Hi everyone, I am new to UKAPS and this is my first post here. I have been in the hobby for about 8 months now. 
This is a low tech tank with no co2 injection, scaped to make the corydoras feel at home and hopefully breed for me.

Let me know how you like this scape or if there is any changes I should make and improvements on
Cheers
*Final full tank shot:*



 



*Title: Corydoras Haven*

*Dimensions: 60cm x 30cm x 18cm*

*CO2: nil*

*Filtration: Ehiem internal *

*Lights: Ikea grow light ( VÄXER LED )*

*Photo Period: 7hours *

*Fertilisation: tropica specialised fertiliser *

*Substrate: River gravels and pebbles *

*Hardscape: Driftwood and River stones *

*Flora: 
Eleocharis acicularis 'mini'
Anubias nana petite
Nypmhaea Zenkeri 
Mini Fissiden
Mini Christmas moss
Dwarf water lettuce 


Fauna: 
30 Corydoras Hastatus
8 Tucanoichthys tucano
3 otocinclus vittatus*


----------



## rebel (5 Sep 2018)

Looks great! You have some really unique fish in that tank!

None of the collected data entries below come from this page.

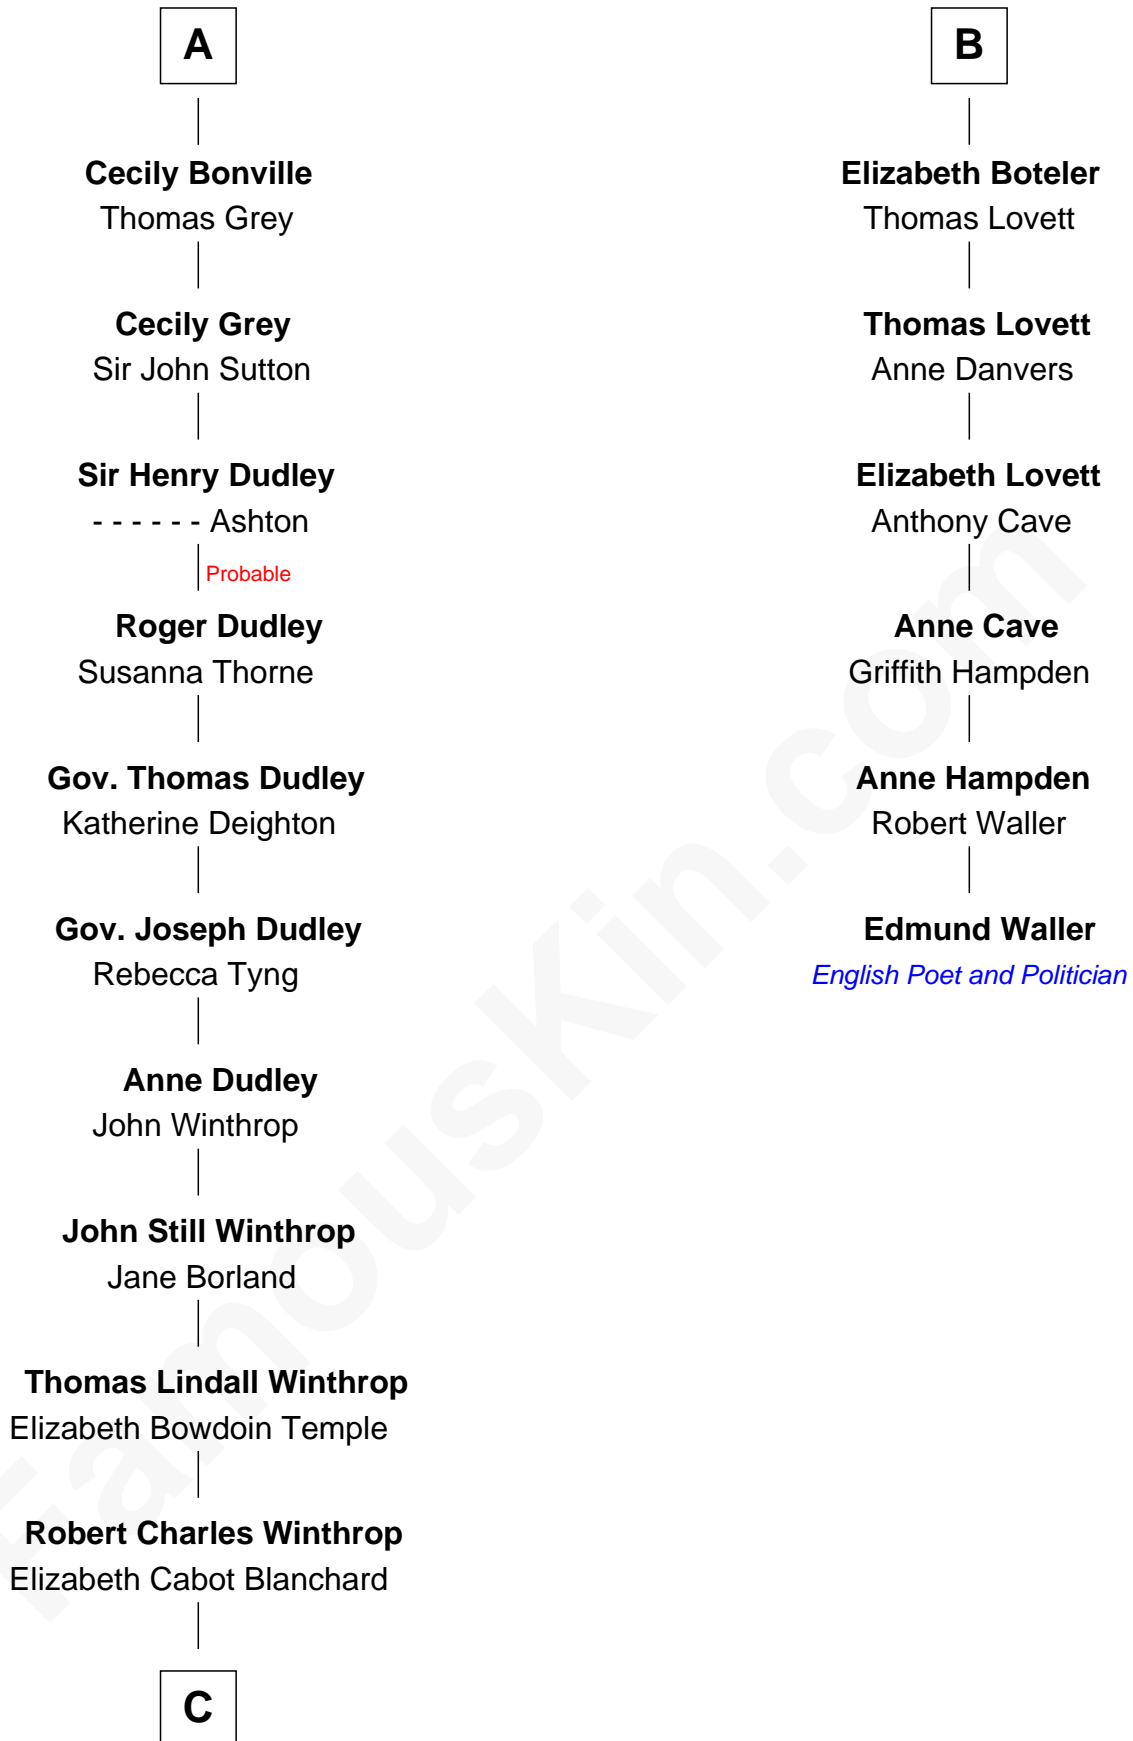

# FamousKin.com Relationship Chart of

**John Kerry**

*68th U.S. Secretary of State*

12th cousin 8 times removed of

**Edmund Waller**

*English Poet and Politician*

**Sir William de Valence**

Joan de Munchensi

**Margaret Grey**

Sir William Bonville

**William Bonville**

Elizabeth Harington

**William Bonville**

Katherine Neville

**A**

**Isabel de Valence**

Sir Philip le Boteler

**Philip Boteler**

Isabel Willoughby

**John Boteler**

Constance Vere

**B**

**C**

Robert Charles Winthrop

Elizabeth Mason

Margaret Tyndal Winthrop

James Grant Forbes

Rosemary Isabel Forbes

Richard John Kerry

John Kerry

*68th U.S. Secretary of State*

FamousKin.com

I want to see a picture with the fish in the front of the tank doing their thing.


----------



## dz.tng (5 Sep 2018)




----------



## azawaza (5 Sep 2018)

I’ve been eyeing the Tucano tetra for quite some time. They are very expensive here. Are they shy or do they swim to the front like normal tetras?

Awesome scape by the way


----------



## doylecolmdoyle (5 Sep 2018)

Looks cool, I love tiny corys, would have thought the corys would prefer some sand to dig into, have read hard substrates (even if they are smooth) can wear away the barbels on the cory cats


----------



## Ray_Norwich (5 Sep 2018)

Lovely tank, the wood looks awesome.  I've recently bought a tank of the same dimensions, this is inspiring


----------



## mort (5 Sep 2018)

doylecolmdoyle said:


> Looks cool, I love tiny corys, would have thought the corys would prefer some sand to dig into, have read hard substrates (even if they are smooth) can wear away the barbels on the cory cats



Whilst I believe this is true and always kept my cories with sand I've seen a couple of collecting videos from Peru lately that caught cories over some very coarse and sharp substrates. It might be that they were simply moving through but was quite inretesting to see..


----------



## mort (5 Sep 2018)

Beautiful tank.


----------



## FJK_12 (5 Sep 2018)

Awesome scape


----------



## dz.tng (6 Sep 2018)

Hi Azawaza, Tucano are not really the boldest, but have very interesting characters. I often see them schooling alongside my Hastatus. Very fun to watch.


----------



## rebel (6 Sep 2018)

Love the video! Great schooling. Thanks for posting.


----------



## Costa (1 Oct 2018)

Great tank, but can the corys actually dig?


----------



## Aquastu (27 Apr 2019)

Great shallow tank. Even better that it is filled with Corys!


----------



## Jacob Coleman (27 Jul 2019)

Great scape are the corydoras very shy and hide ?


----------